──────── DATA EXCERPTS
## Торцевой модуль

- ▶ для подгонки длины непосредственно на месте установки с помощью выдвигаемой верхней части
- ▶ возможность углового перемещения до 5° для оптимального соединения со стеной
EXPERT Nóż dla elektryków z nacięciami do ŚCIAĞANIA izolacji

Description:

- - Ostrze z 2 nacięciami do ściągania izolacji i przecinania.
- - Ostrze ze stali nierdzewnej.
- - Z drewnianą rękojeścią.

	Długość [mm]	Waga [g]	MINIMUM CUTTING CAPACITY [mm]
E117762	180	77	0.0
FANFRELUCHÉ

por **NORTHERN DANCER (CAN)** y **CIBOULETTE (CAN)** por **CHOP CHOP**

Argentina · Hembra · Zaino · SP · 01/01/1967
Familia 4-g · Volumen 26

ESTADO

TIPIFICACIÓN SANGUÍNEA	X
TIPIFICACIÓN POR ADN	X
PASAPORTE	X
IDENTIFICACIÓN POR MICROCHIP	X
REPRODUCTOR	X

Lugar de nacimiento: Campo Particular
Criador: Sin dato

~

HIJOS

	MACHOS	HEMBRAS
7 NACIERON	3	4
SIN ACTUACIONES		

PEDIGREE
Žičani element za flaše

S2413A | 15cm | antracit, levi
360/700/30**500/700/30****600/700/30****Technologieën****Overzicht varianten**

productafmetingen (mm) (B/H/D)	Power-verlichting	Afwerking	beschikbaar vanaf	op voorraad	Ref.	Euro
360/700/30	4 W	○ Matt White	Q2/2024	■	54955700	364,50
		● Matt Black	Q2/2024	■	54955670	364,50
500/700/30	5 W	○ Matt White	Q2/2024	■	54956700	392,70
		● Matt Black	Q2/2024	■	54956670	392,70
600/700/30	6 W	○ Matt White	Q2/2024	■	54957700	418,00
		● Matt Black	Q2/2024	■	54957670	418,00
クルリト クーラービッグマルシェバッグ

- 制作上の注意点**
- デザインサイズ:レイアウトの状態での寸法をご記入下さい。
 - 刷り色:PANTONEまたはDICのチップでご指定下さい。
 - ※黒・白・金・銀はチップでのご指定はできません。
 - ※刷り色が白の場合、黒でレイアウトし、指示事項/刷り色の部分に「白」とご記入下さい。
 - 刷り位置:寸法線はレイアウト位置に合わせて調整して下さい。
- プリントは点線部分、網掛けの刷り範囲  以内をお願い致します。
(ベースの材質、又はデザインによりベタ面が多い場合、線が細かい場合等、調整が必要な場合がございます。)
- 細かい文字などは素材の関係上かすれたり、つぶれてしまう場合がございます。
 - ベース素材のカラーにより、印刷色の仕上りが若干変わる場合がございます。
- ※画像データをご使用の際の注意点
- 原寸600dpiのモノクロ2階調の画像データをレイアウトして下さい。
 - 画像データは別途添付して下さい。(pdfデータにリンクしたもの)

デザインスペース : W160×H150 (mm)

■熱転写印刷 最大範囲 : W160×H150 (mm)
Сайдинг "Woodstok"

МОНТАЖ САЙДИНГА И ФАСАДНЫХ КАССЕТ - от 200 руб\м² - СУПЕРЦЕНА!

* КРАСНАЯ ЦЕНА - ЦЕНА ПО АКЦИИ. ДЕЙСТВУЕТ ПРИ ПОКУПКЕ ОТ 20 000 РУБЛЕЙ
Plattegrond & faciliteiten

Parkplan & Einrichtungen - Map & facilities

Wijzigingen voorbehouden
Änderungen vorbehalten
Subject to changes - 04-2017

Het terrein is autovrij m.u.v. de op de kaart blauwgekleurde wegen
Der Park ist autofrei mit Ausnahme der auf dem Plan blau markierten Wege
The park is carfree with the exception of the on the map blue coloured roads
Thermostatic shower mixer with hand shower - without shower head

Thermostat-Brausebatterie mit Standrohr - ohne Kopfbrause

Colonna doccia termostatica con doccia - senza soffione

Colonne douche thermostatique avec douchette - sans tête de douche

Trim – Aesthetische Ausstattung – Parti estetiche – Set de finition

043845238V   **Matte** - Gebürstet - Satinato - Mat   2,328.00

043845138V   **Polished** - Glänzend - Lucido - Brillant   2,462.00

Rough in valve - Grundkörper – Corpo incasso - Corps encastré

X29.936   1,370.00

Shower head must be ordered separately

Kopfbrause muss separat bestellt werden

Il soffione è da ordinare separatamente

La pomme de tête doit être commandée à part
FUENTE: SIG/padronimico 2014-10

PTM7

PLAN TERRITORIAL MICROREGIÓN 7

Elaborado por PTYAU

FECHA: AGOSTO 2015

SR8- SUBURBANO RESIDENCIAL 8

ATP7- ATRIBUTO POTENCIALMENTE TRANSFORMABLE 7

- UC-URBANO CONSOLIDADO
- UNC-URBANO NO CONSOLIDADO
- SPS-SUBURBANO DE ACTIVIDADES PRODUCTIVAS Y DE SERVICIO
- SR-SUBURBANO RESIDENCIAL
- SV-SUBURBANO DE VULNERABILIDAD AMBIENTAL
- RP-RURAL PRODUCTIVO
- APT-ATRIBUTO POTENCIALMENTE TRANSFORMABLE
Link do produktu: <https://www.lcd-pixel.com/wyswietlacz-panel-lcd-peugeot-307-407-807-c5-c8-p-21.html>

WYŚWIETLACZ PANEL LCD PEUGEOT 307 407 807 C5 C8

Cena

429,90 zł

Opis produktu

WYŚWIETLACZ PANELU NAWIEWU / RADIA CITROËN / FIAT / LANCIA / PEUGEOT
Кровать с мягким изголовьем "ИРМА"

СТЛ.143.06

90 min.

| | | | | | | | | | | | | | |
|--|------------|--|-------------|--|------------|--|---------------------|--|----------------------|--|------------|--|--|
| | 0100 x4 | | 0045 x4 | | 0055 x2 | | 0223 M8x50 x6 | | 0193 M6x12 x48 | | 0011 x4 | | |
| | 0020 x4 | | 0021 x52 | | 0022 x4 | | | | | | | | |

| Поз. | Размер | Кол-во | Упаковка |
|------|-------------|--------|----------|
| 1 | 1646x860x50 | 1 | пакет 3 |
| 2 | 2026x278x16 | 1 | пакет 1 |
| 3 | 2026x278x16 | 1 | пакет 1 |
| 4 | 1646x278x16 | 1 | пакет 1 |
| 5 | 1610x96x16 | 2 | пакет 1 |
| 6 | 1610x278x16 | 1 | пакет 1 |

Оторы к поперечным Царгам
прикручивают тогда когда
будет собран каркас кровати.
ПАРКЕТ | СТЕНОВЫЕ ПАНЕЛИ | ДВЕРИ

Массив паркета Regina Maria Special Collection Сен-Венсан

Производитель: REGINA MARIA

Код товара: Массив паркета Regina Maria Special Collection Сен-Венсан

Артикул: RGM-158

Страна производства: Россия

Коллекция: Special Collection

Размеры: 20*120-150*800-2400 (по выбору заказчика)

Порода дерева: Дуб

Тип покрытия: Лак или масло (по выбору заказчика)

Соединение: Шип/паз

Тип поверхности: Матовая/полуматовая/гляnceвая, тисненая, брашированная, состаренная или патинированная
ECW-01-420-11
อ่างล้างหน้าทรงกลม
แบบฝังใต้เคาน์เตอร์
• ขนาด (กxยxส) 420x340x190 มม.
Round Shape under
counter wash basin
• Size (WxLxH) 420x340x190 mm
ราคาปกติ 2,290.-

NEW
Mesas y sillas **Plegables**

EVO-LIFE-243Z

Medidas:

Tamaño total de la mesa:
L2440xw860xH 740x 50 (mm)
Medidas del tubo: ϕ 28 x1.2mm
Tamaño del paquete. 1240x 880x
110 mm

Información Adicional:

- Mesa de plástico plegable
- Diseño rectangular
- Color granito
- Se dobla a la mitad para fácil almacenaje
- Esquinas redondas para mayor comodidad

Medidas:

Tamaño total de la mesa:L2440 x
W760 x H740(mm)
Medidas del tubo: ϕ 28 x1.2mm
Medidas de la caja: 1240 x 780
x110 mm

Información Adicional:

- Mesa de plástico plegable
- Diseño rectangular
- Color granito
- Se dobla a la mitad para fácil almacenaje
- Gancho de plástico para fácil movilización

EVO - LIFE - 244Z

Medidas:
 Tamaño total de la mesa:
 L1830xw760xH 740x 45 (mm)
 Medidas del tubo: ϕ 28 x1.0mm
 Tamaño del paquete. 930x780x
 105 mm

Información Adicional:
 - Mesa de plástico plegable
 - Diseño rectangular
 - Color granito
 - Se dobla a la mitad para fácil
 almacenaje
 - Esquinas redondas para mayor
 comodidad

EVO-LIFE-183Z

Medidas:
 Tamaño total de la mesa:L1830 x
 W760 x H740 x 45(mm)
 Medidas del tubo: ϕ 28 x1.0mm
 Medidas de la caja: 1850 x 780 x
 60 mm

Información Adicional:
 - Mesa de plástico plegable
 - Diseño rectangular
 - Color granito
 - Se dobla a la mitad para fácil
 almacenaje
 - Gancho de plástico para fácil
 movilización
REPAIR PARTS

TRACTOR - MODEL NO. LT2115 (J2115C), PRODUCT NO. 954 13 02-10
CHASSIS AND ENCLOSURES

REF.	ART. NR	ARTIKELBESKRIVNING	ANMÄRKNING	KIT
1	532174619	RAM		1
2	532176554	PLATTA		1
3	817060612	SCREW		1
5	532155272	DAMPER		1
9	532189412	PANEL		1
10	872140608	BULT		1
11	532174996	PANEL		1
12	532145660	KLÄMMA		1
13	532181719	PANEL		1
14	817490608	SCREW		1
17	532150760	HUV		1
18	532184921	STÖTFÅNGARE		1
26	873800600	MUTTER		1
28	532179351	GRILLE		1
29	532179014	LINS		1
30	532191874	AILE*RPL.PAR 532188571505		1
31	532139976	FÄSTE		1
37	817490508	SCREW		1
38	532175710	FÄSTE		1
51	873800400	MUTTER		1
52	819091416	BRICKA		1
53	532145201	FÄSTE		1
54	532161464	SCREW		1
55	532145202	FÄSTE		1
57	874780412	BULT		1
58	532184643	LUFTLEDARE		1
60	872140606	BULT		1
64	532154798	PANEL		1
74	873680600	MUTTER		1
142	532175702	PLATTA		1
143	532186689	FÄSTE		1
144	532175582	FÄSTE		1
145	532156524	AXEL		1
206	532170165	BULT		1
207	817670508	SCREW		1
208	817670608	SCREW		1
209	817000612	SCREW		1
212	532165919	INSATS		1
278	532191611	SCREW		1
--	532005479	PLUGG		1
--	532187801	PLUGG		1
────────────────
[WHAT YOU ARE ASKED TO DO]: Once you reach the line with "L1830xw760xH 740x 45 (mm)" in the data above, copy it and every line after it exactly, up to and including the line with "EVO-LIFE-183Z".

[SOLUTION]:
 L1830xw760xH 740x 45 (mm)
 Medidas del tubo: ϕ 28 x1.0mm
 Tamaño del paquete. 930x780x
 105 mm

Información Adicional:
 - Mesa de plástico plegable
 - Diseño rectangular
 - Color granito
 - Se dobla a la mitad para fácil
 almacenaje
 - Esquinas redondas para mayor
 comodidad

EVO-LIFE-183Z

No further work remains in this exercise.